[Dataset records]
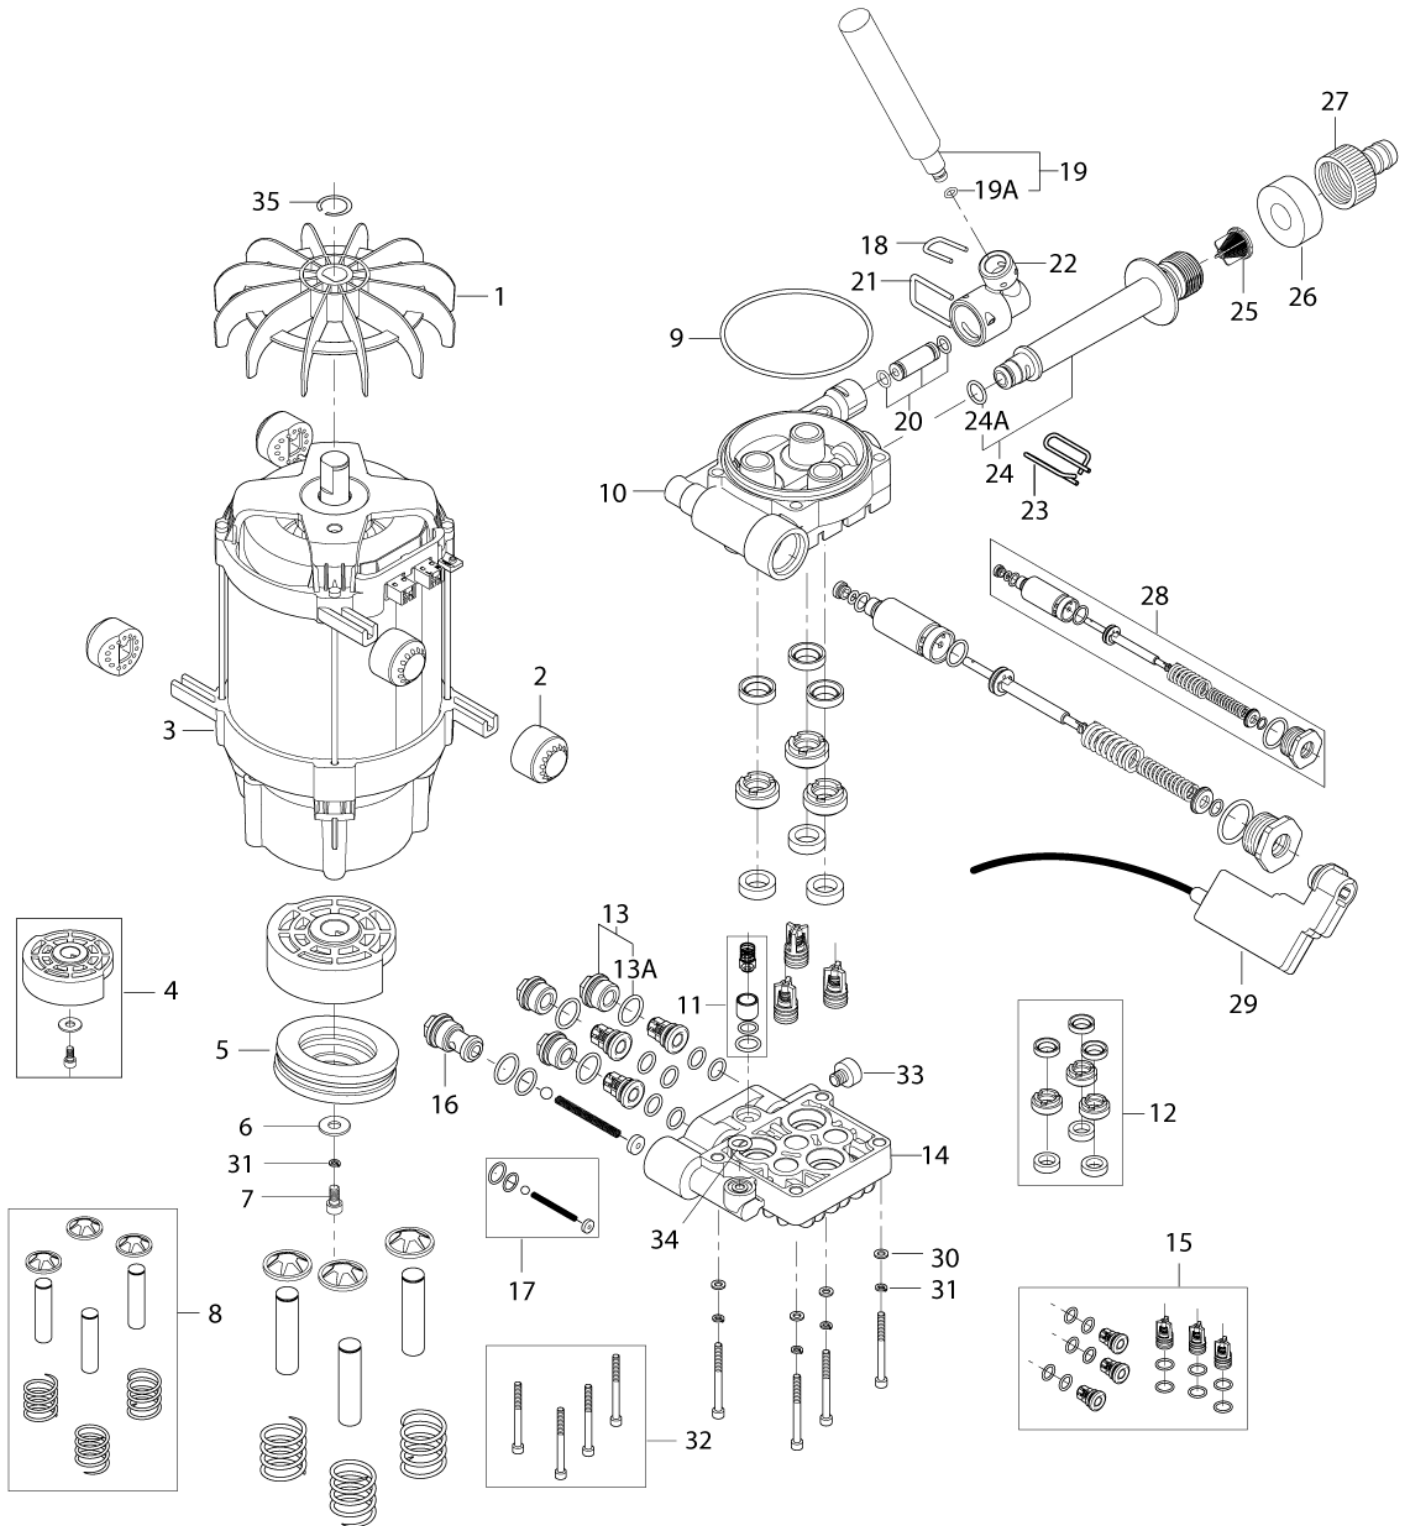

Motor pump unit X-tra

E130.2

24-07-2012

Part List ID
E130204

10

Motor pump unit X-tra

E130.2

24-07-2012

Part List ID
E130204

11

Pos	Part no.	Qty	Description
1	127500040	1	FAN
2	6524050	3	RACK
3	127500039	1	MOTOR 2.1KW
4	127500031	1	WOBBLE DISK 7.5 DEGREES 1,9KW 2,1KW
5	127500032	1	THRUST BALL BEARING
6	127130066	1	WASHER D22XD6.4X1.5
7	3913	1	BOLT
8	127500003	1	PISTON COMPLETE 3PCS
9	128500289	1	O-RING 85X2.62N
10	127500004	1	Cylinder Guide
11	128342004	1	NRV KIT OF NA1
12	127500037	1	SEALING PARTS SYSTEM
13	127500015	3	PLUG W.O-RING
14	127500034	1	CYLINDER HEAD
16	127500005	1	EASY START PLUG
17	127440018	1	EASY START KIT
18	6525619	1	LOCK BRACKET SMALL
19	127440231	1	CONNECTION HOSE
20	127440019	1	REDUCTION D2 WITH O-RING KIT PH 60HZ
20	127500007	1	reduction with o ring
21	127500021	1	LOCK BRACKET
22	127500047	1	NA1 X-TRA OUTLET
23	126528532	1	LOCK BRACKET
24	127500035	1	WATER INLET
25	6526026	1	REPKIT VALVES
25	6528574	1	WATER FILTER COMPLETE
26	126486792	1	FOAM SEAL FOR OUTLET & IN
27	1402809	1	HOSE CONNECTOR Dynamic
28	127500052	1	SS VALVE
29	127500010	1	MICROSWITCH BOX SYSTEM
30	127500029	4	WASHER
31	127500050	4	SPRING WASHER
32	127500071	1	SCREW M6
33	3289	1	GRUB SCREW-now 8906
34	3001211	1	O'RING
34	6411218	1	BAG WITH O RINGS
35	127500051	1	LOCK RING
13A	3004221	3	O-RING
19A	3004108	1	O-RING 5.28 X 1.78 NBR 90 SH
24A	127130107	1	O-RING
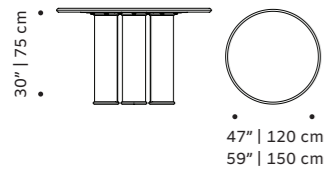

//as pictured
erfoud pink, earth and nude stainless steel 304
structure

// modular couch

riviera
dinner table

top marble
structure stainless steel 304 or metal both lacquered
 for outdoor
dimensions Ø 47" | 120 cm
 h 29,5" | 75 cm
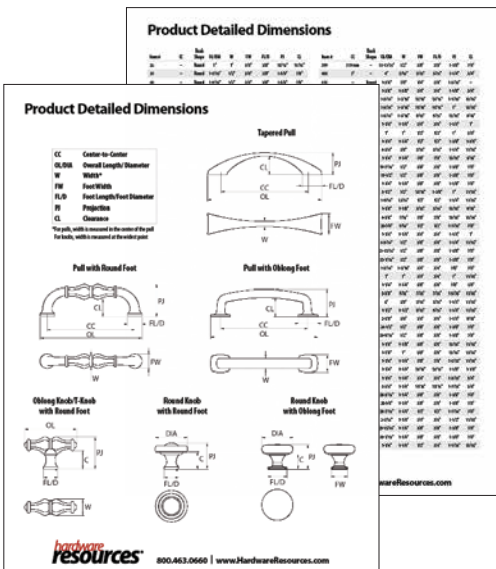

Detailed Product Dimension Guide

Detailed spec drawings and dimensions for knobs & pulls

To download the PDF, scan the QR code or visit <https://delivr.com/272a7>
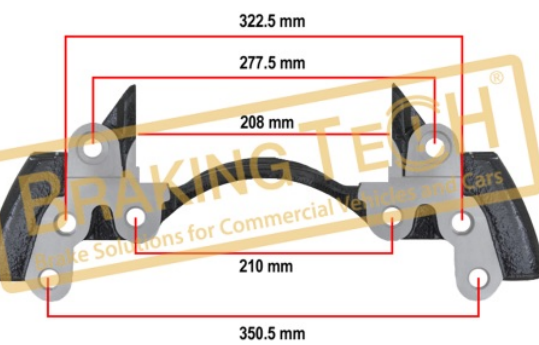

BTC010195

Description :
Caliper Carrier Knorr(SL7)
Application :
22.5" Rim Knorr SL7,MB 4140 rear 3028-29-4140
OEM No :
Z025197, K052379K50, 000 423 1006
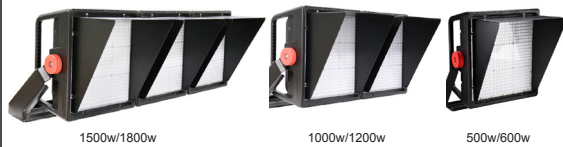

SQX7™ Series

500w / 700w / 1000w
1200w / 1500w / 1800w

IP66	IK08	
LM79	LM80	TM21
Lumens Up to 160LxW	CCT 4-57K	CRI >70 >80
15°-60° Beam Angle	VOLTS 120-277	Dim 0-10V
20kV Surge Protection	THD ≤20%	PF ≥.90
SDMI >6	B5-U0-G5	 130,000
 -40°C ~ +45°C	8 YEAR Warranty	

Sports lighting is an important feature of any game whether it is professional, semi-professional, municipal, collegiate, or high school. Lighting can not only enhance the spectator's experience at a game and home but also improve how the players perform.

The LED SQX7™ Series offers a computer-designed optics making it the right choice for any sports venues; also ideal for recreational centers, transport facilities, facades, monuments, sea ports and much more.

A die-casting aluminum ADC12 body and driver case, for resistance, endurance, and heat dissipation; mounting bracket made of die-casting aluminum ADC12 and premium grade steel (SPCC), all screws and nuts are Stainless Steel. Custom-engineered PC optics direct light precisely where needed while minimizing glare. Powerful Bridgelux® 3030 LEDs, combined with UL state of the art uPowerTek® driver with built in surge protection (L/N-PE: 10kV, L-N: 6kV) and 20kV SPD, makes of the LED SQX7™ Series the ideal solution for professional caliber outdoor sports lighting.

Unlike legacy bulb-based systems, LED SQX7™ Series contains no parts to wear out so you can be sure your lighting is maintenance - free for thousands of hours. LED SQX7™ Series is weatherproof and can handle the elements yet generate more light than any HID light in sports.

Designed for sports and multifunctional lighting applications, LED SQX7™ Series offers an outstanding performance, maintenance-free, professional lighting with a great return on investment.

_Task directions_
A word-for-word retyping of every record is required, without the pictures.

_The completed task_
Motor pump unit X-tra

E130.2

24-07-2012

Part List ID
E130204

10

Motor pump unit X-tra

E130.2

24-07-2012

Part List ID
E130204

11

Pos	Part no.	Qty	Description
1	127500040	1	FAN
2	6524050	3	RACK
3	127500039	1	MOTOR 2.1KW
4	127500031	1	WOBBLE DISK 7.5 DEGREES 1,9KW 2,1KW
5	127500032	1	THRUST BALL BEARING
6	127130066	1	WASHER D22XD6.4X1.5
7	3913	1	BOLT
8	127500003	1	PISTON COMPLETE 3PCS
9	128500289	1	O-RING 85X2.62N
10	127500004	1	Cylinder Guide
11	128342004	1	NRV KIT OF NA1
12	127500037	1	SEALING PARTS SYSTEM
13	127500015	3	PLUG W.O-RING
14	127500034	1	CYLINDER HEAD
16	127500005	1	EASY START PLUG
17	127440018	1	EASY START KIT
18	6525619	1	LOCK BRACKET SMALL
19	127440231	1	CONNECTION HOSE
20	127440019	1	REDUCTION D2 WITH O-RING KIT PH 60HZ
20	127500007	1	reduction with o ring
21	127500021	1	LOCK BRACKET
22	127500047	1	NA1 X-TRA OUTLET
23	126528532	1	LOCK BRACKET
24	127500035	1	WATER INLET
25	6526026	1	REPKIT VALVES
25	6528574	1	WATER FILTER COMPLETE
26	126486792	1	FOAM SEAL FOR OUTLET & IN
27	1402809	1	HOSE CONNECTOR Dynamic
28	127500052	1	SS VALVE
29	127500010	1	MICROSWITCH BOX SYSTEM
30	127500029	4	WASHER
31	127500050	4	SPRING WASHER
32	127500071	1	SCREW M6
33	3289	1	GRUB SCREW-now 8906
34	3001211	1	O'RING
34	6411218	1	BAG WITH O RINGS
35	127500051	1	LOCK RING
13A	3004221	3	O-RING
19A	3004108	1	O-RING 5.28 X 1.78 NBR 90 SH
24A	127130107	1	O-RING

//as pictured
erfoud pink, earth and nude stainless steel 304
structure

// modular couch

riviera
dinner table

top marble
structure stainless steel 304 or metal both lacquered
 for outdoor
dimensions Ø 47" | 120 cm
 h 29,5" | 75 cm

Detailed Product Dimension Guide

Detailed spec drawings and dimensions for knobs & pulls

To download the PDF, scan the QR code or visit <https://delivr.com/272a7>

BTC010195

Description :
Caliper Carrier Knorr(SL7)
Application :
22.5" Rim Knorr SL7,MB 4140 rear 3028-29-4140
OEM No :
Z025197, K052379K50, 000 423 1006

SQX7™ Series

500w / 700w / 1000w
1200w / 1500w / 1800w

IP66	IK08	
LM79	LM80	TM21
Lumens Up to 160LxW	CCT 4-57K	CRI >70 >80
15°-60° Beam Angle	VOLTS 120-277	Dim 0-10V
20kV Surge Protection	THD ≤20%	PF ≥.90
SDMI >6	B5-U0-G5	 130,000
 -40°C ~ +45°C	8 YEAR Warranty	

Sports lighting is an important feature of any game whether it is professional, semi-professional, municipal, collegiate, or high school. Lighting can not only enhance the spectator's experience at a game and home but also improve how the players perform.

The LED SQX7™ Series offers a computer-designed optics making it the right choice for any sports venues; also ideal for recreational centers, transport facilities, facades, monuments, sea ports and much more.

A die-casting aluminum ADC12 body and driver case, for resistance, endurance, and heat dissipation; mounting bracket made of die-casting aluminum ADC12 and premium grade steel (SPCC), all screws and nuts are Stainless Steel. Custom-engineered PC optics direct light precisely where needed while minimizing glare. Powerful Bridgelux® 3030 LEDs, combined with UL state of the art uPowerTek® driver with built in surge protection (L/N-PE: 10kV, L-N: 6kV) and 20kV SPD, makes of the LED SQX7™ Series the ideal solution for professional caliber outdoor sports lighting.

Unlike legacy bulb-based systems, LED SQX7™ Series contains no parts to wear out so you can be sure your lighting is maintenance - free for thousands of hours. LED SQX7™ Series is weatherproof and can handle the elements yet generate more light than any HID light in sports.

Designed for sports and multifunctional lighting applications, LED SQX7™ Series offers an outstanding performance, maintenance-free, professional lighting with a great return on investment.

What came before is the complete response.